[EDITOR'S NOTE: This case is unpublished as indicated by the issuing court.] MEMORANDUM OF DECISION
"Two voices are there: one is of the sea, One of the mountains; each a mighty voice."1
Such could be said of the split in authority among judges of the Superior Court who have addressed the issue of whether an independent contractor can be brought by a possessor of the premises into a negligence action for apportionment purposes. This court is compelled to add its voice to the debate as it is confronted with the issue by the apportionment defendant Cherry Hill Construction Company's ("Cherry Hill") motion to strike the defendant Kmart's apportionment complaint in the above captioned matter.

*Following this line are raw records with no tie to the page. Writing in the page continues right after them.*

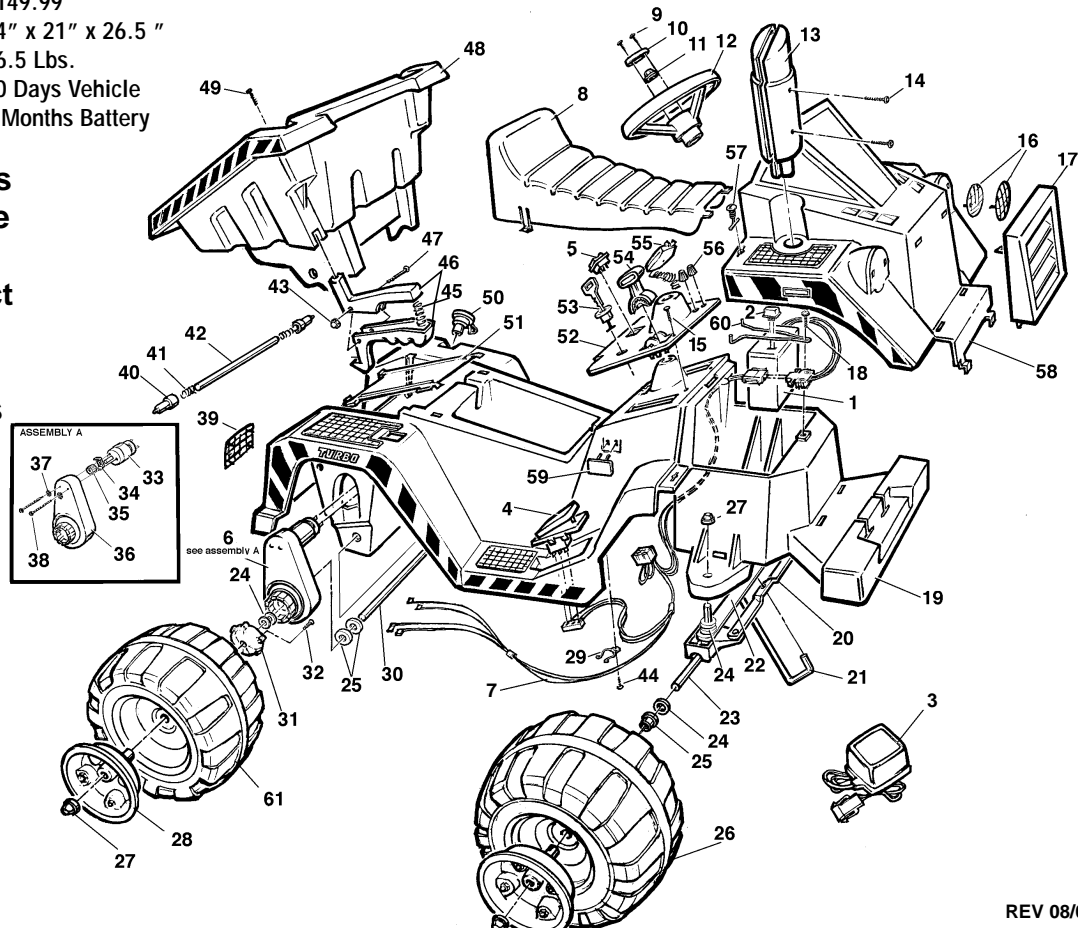

Age Range: 2-6 Yrs.
Weight Limit: 65 Lbs.
Surfaces: Hard & Grass
Speed: 3.5 MPH Forward
2.5 PH Reverse
Colors: Yellow Body
Black Trim
Intro: 3-14-97
Suggested Retail: $149.99
Box Dimensions: 44" x 21" x 26.5"
In-Box Weight: 46.5 Lbs.
Warranty: 90 Days Vehicle
6 Months Battery

78656-9993 Caterpillar Dump Truck

Preschool Series
Super 6 Volt

This product is affected by the PW recall announced Oct 1998. Please confirm that the product is modified or remediated in accordance with policy.

REV 08/04/04

Item No.	Description	Part No.	Qty.	Item No.	Description	Part No.	Qty.	Item No.	Description	Part No.	Qty.
1	Battery, 6 Volt	00801-0712	1	29	Harness Retainer	74550-2299	1		(when depleted, use new 78570-2439)		
2	Thermal Fuse	0801-0610	1	30	Rear Axle N/A	74550-4509	1	58	Front Clip N/A	78656-2319	1
3	Charger, S6 Volt	00801-0974	1	31	Driver N/A	74550-2239	2	59	Power Wheels Emblem Set	74540-9069	1
4	Footboard Assembly	74550-9159	1	32	#10 x 1/2" Screw	0801-0255	2	60	Battery Retainer	74550-4129	1
5	Control Switch	00801-0885	1	<u>33</u>	<u>Motor w/Pinion</u>	<u>74550-9539</u>	2	61	Rear Wheel	74550-2469	2
6	<u>Motor/Gearbox Assembly</u>	<u>74550-9509</u>	2	<u>34</u>	<u>(Comes w/#33)</u>						
7	<u>Wiring Harness Assembly</u>			<u>35</u>	<u>(Comes w/#33)</u>						
	<u>(Include: #5)</u>	<u>74550-9809</u>	1	<u>36</u>	<u>Gearbox</u>	<u>74550-9279</u>	2				
8	Seat	74550-2309	1	<u>37</u>	<u>Star Washer N/A</u>	<u>0801-0330</u>	4				
9	#8 x 1" Screw	0801-0224	2	<u>38</u>	<u>Motor Bolt</u>	<u>0801-0269</u>	4				
10	Steering Wheel Button	74550-2729	1	39	Taillight Guard Set N/A	74550-2219	1				
11	.354 Cap Nut	0801-0215	1	40	Hinge Pin Endcap	74550-2189	2				
12	Steering Wheel	74440-2379	1	41	Hinge Spring	74550-4419	2				
13	Exhaust Stack N/A	74550-2559	1	42	Dump Pivot Pin	74550-4139	1				
14	#6 x 1-1/2" Screw	0801-0221	2	43	Acorn Nut N/A	0801-0218	1				
15	#8 x 3/4" Screw	0801-0223	4	44	#8 x 1/2" Screw	0801-0202	1				
16	Headlight Guard N/A	78656-2339	2	45	Latch Spring	74550-4429	1				
17	Grill	74550-2829	1	46	Dump Bed Handle N/A	78656-205A	1				
18	Truss Hd #8 x 7/8" Screw	0801-0228	2	47	#10 x 1-1/4" Shoulder Bolt	0801-0304	1				
19	Main Body N/A	74550-2109	1	48	Dump Bed N/A	74550-2389	1				
20	Steering Linkage N/A	78610-4229	1	49	#10 x 1" Screw	0801-0220	1				
21	Steering Column	74550-4239	1	50	Gas Cap N/A	74550-2249	1				
22	Cross Bar N/A	78610-4579	1	51	Motor Cover N/A	74550-2489	1				
23	Front Axle N/A	74550-4519	2	52	Dash	74550-2699	1				
24	7/16" Washer	0801-0196	8	53	Key/Housing Assembly	74550-2439	1				
25	7/16" Round Bushing	74550-2689	6	54	Shift Lever	74550-2229	1				
26	Front Wheel N/A	74550-2459	2	55	Microphone	74550-9479	1				
27	.437 Cap Nut	0801-0226	6	56	Radio Knobs	74550-2719	2				
28	Hubcap N/A	74550-2579	4	57	Lock Fastener	78570-2239	2				

PARTS NOT SHOWN

	Main Label Sheet	78656-0310	1
	Small Label Sheet (Bezels)	78656-0320	1
	(located in Lit Bag)		
	Literature Bag N/A	78656-9019	1
	Owner's Manual N/A	78656-0920	1
	Large Parts Bag N/A	78656-9249	1
	Small Parts Bag N/A	78656-9259A	1
	Hardware Bag	78656-9259B	1

Bold and Underlined parts are to be purchased and installed by Service Centers only. These items may not be sold directly to consumers by Service Centers or Fisher-Price.

The plaintiff Salvatore Riggione has filed a complaint against the defendant Kmart alleging that he was a business invitee of Kmart at its retail store and that he has injured as a result of Kmart's negligence. Specifically, Riggione claims that he fell as a result of a snow and ice covered, broken and uneven sidewalk located in front of the premises owned and controlled by Kmart. In his complaint, Riggione asserts that Kmart was negligent in not making the sidewalk safe, in not inspecting and remedying the unsafe conditions, in allowing snow and ice to accumulate, in failing to warn the plaintiff of the unsafe conditions and in failing to erect a barricade to keep the plaintiff from the area of danger. Kmart has filed an apportionment complaint against Cherry Hill claiming that Kmart had contracted with Cherry Hill for ice and snow removal and, if there was negligence on the part of any individual, it was the negligence of Cherry Hill in that it failed to clear the sidewalk of snow and ice, failed to spread sand or salt to prevent a slippery surface, failed to warn the public of the dangerous conditions and failed to maintain the sidewalk in a safe condition. Cherry Hill has moved to strike Kmart's apportionment complaint on the grounds that Kmart may not CT Page 513 delegate its duty to keep the premises safe and therefore apportionment is not appropriate.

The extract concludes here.